Верзила зевнул, прикрывая пасть пятерней.
– А что было в прошлый?
– Меня высадили на рельсы перед экспрессом!
Крохотные глазки на мясистом лице сверкнули любопытством.
– Экспресс стоял?
– Черта с два! Несся на всех парах!
– Понятно. – Верзила почесал под мышкой. – Тебе повезло, приятель. Тут одного телепортировали прямо в сопло реактивного лайнера.
Толстяк застонал. Боксер опять зевнул и смачно сплюцул куда-то за стойку.

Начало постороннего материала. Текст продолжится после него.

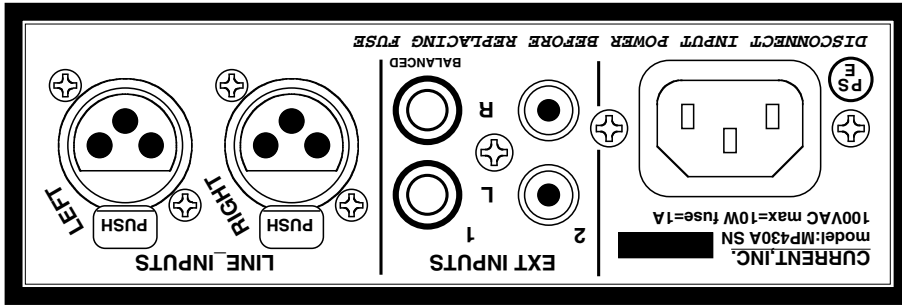

200.0

150.0

50.0

CURRENT, INC.	MP430A HEADPHONE AMP	Sep.2007
H.ICHIIHASHI	PANEL DIAGRAM	MP430A-D2007

– Пришлось фирме раскошелиться на компенсацию.
– Хорошенькое дело! – возмутился толстяк. – Угробили человека!
– Что делать, – равнодушно пожал плечами служащий. – Бывают неполадки. Дело-то новое.
– Неполадки! – казалось, толстяка вот-вот хватит апоплексический удар. – Это ваша паршивая контора – сплошное дерьмо! Да, да! Дерьмо! И гоните обратно мои денежки!

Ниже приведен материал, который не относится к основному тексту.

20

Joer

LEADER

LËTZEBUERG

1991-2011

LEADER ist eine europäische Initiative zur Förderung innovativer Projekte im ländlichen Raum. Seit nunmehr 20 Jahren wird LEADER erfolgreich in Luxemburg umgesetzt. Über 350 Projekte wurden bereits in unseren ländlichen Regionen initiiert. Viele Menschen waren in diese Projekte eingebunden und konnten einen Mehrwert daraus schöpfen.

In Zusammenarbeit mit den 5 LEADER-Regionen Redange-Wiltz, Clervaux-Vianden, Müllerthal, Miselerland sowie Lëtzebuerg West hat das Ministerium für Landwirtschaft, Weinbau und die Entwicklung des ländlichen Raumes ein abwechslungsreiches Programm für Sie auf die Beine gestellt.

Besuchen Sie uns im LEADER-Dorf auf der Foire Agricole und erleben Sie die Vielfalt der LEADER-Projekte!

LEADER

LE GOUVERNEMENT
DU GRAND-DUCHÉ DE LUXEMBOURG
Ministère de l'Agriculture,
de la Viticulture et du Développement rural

– Полегче, приятель. Мы тут не терпим, когда задевают честь фирмы.
– Плевал я на вашу фирму!
– Ты вот что, – верзила поднялся и вышел из-за стойки. Я тебя по-всякому урезонивал. А ты все свое да свое. Не согласен, – иди объясняйся с администрацией. А будешь безобразничать, – в два счета на улицу выкину!

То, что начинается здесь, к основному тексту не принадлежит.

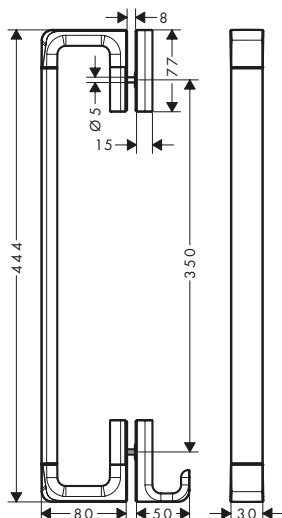

AXOR Universal Softsquare Maniglia cabina doccia 444 mm

Caratteristiche

/ materiale: metallo
/ materiale supporto: metallo
/ fisso
/ lunghezza: 444 mm

/ con materiale di montaggio
/ spessore del vetro: 6 - 12 mm
/ distanza tra i fori: 350 mm

/ può essere usato simultaneamente come porta asciugamani
/ fissaggio nascosto

Finiture	Art. Nr.	Euro
● Cromo	42837000	394,20
● Bronzo Spazzolato	42837140	591,30
● Cromo Nero Spazzolato	42837340	591,30
● Nero Opaco	42837670	541,50
● Oro Lucido	42837990	591,30
● AXOR FinishPlus*	42837XXX	591,30

AXOR Universal Softsquare Porta rotolo

Caratteristiche di tutte le varianti

/ montaggio a parete
/ con materiale di montaggio

/ fissaggio nascosto
/ distanza tra i fori: 35 mm

/ diametro foro per maniglia: 6 mm

"Дай толстяку вместо глаз спаренные пулеметы, – лежать боксеру изрешеченному вдоль и поперек", – подумал Симмонс. Однако толстяк был безоружен и благоразумно ретировался за дверь с табличкой "Администрация".
– Ходят зануды всякие. Душу выматывают! – проворчал верзила, забираясь обратно за стойку. – Сами не знают, чего хотят.
– И много таких? – полюбопытствовал Симмонс.
– Каких таких? – насторожился служащий.
– Хотящих?
– А! – верзила осклабился. – Хватает. А вам чего?
– Того же самого.
– Не усек.
– Сейчас усечешь. – Симмонс достал коробку дареных сигар и протянул одну чиновнику. Тот подозрительно повертел ее перед носом, зачем-то понюхал и вдруг заржал по-жеребячьи, оскалив желтые от никотина зубы.
– Настоящая! Небось кучу монет отвалили?
Он с уважением оглядел Симмонса. "Вот это клиент! – было написано на его холуйской роже. – Сразу видно, – при деньгах. Такой мельчить не станет".
Симмонс положил на стойку вторую сигару.
– Вот что, приятель, ты, я вижу, парень свойский. Общий язык найдем.
– Ну... – начал было отставной боксер, но Симмонс пресек попытку в зародыше.
– Найдем, не сомневайся. А теперь слушай. Эти умники, что – в самом деле в прошлое отправляют людей или так, на арапа?
– Н-не знаю, – выдавил из себя верзила, с вожделением разглядывая лежащую на стойке сигару. Симмонс положил рядом еще одну.
– Вроде бы, вправду.
Четвертая сигара немного развязала церберу язык.
Пятая сделала словоохотливым. После шестой стали закадычными друзьями.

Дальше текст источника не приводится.